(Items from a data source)
--------------------------------------------------

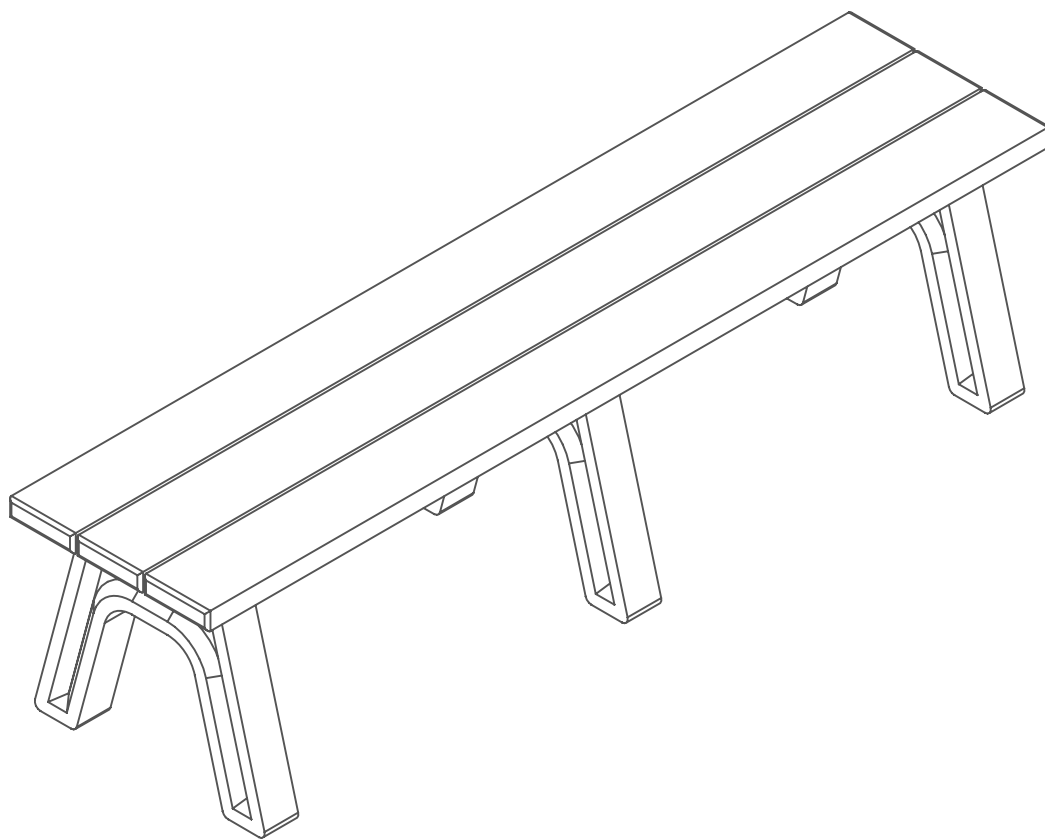

# 6 Foot Traditional Flat Park Bench

For Fastener Pack  
(FP-TB6F-CU-01)

Congratulations !!

You have just purchased the finest recycled plastic  
park bench available. Enjoy !!!

Before assembly, please make sure all components are included.

( 1 ) - One Fastener Pack  
FP-TB6F-CU-01

FP - Fastener Pack

C - Bench End

C - Bench End

C - Bench End

( 3 ) - Three Bench Ends  
BSA-FME-A-01

B - Side Bench Board

B - Side Bench Board

( 2 ) - Two Side Bench Boards  
BP-TB6F-B-01

A - Center Bench Board

( 1 ) - One Center Bench Board  
BP-TB6F-A-01

Before assembly, please make sure all fasteners are included.

18 - #12 x 2 1/2" Flat Head Phillips Screw

--------------------------------------------------

== TASK INSTRUCTIONS ==
Your answer must consist only of the lines from the one containing "( 3 ) - Three Bench Ends" through the last line of the data above, both included, exactly as written.

== WORKED SOLUTION ==
( 3 ) - Three Bench Ends  
BSA-FME-A-01

B - Side Bench Board

B - Side Bench Board

( 2 ) - Two Side Bench Boards  
BP-TB6F-B-01

A - Center Bench Board

( 1 ) - One Center Bench Board  
BP-TB6F-A-01

Before assembly, please make sure all fasteners are included.

18 - #12 x 2 1/2" Flat Head Phillips Screw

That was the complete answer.